*PROBLEM:* Leaving out the pictures, restate each record below word for word.

╔══

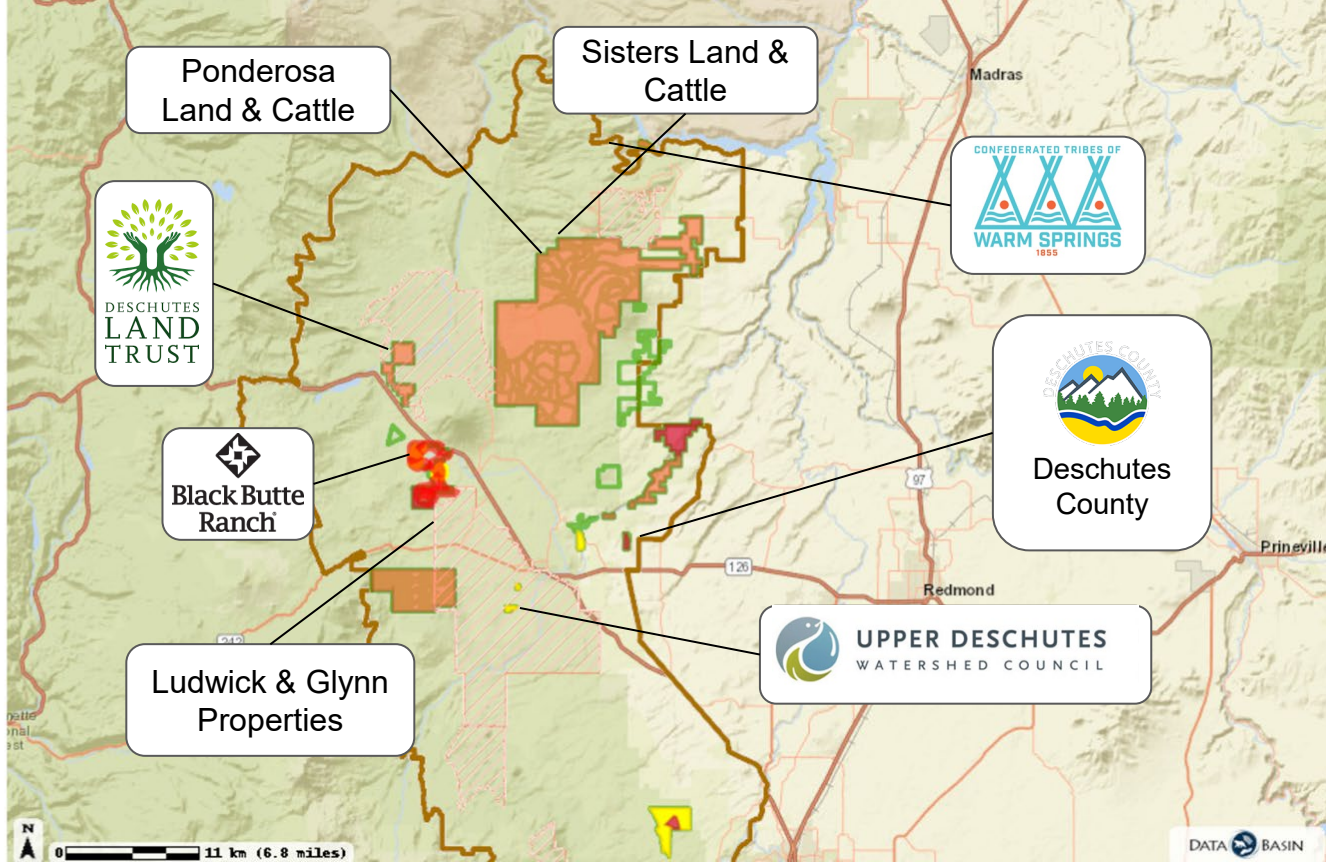

Central Oregon Shared Stewardship Alliance

**LANDSCAPE
RESILIENCY**
PROJECT

COFSF

Central Oregon
Forest Stewardship
Foundation

COSSA Framework

Relationships:

Connect
restoration
partners

Restoration:

Identify and
address priority
restoration needs

Process:

Share information
and resources

People:

Address human uses
and restoration needs

FOURTH

COFSF Central Oregon
Forest Stewardship
Foundation

M
I
D
D
L
E

SOUTH HUCOS

COFSF

Central Oregon
Forest Stewardship
Foundation

Tribal

State

Private, Non-Industrial

Non-Federal

Private, Industrial

╚══

*FINAL ANSWER:*
Central Oregon Shared Stewardship Alliance

**LANDSCAPE
RESILIENCY**
PROJECT

COFSF

Central Oregon
Forest Stewardship
Foundation

COSSA Framework

Relationships:

Connect
restoration
partners

Restoration:

Identify and
address priority
restoration needs

Process:

Share information
and resources

People:

Address human uses
and restoration needs

FOURTH

COFSF Central Oregon
Forest Stewardship
Foundation

M
I
D
D
L
E

SOUTH HUCOS

COFSF

Central Oregon
Forest Stewardship
Foundation

Tribal

State

Private, Non-Industrial

Non-Federal

Private, Industrial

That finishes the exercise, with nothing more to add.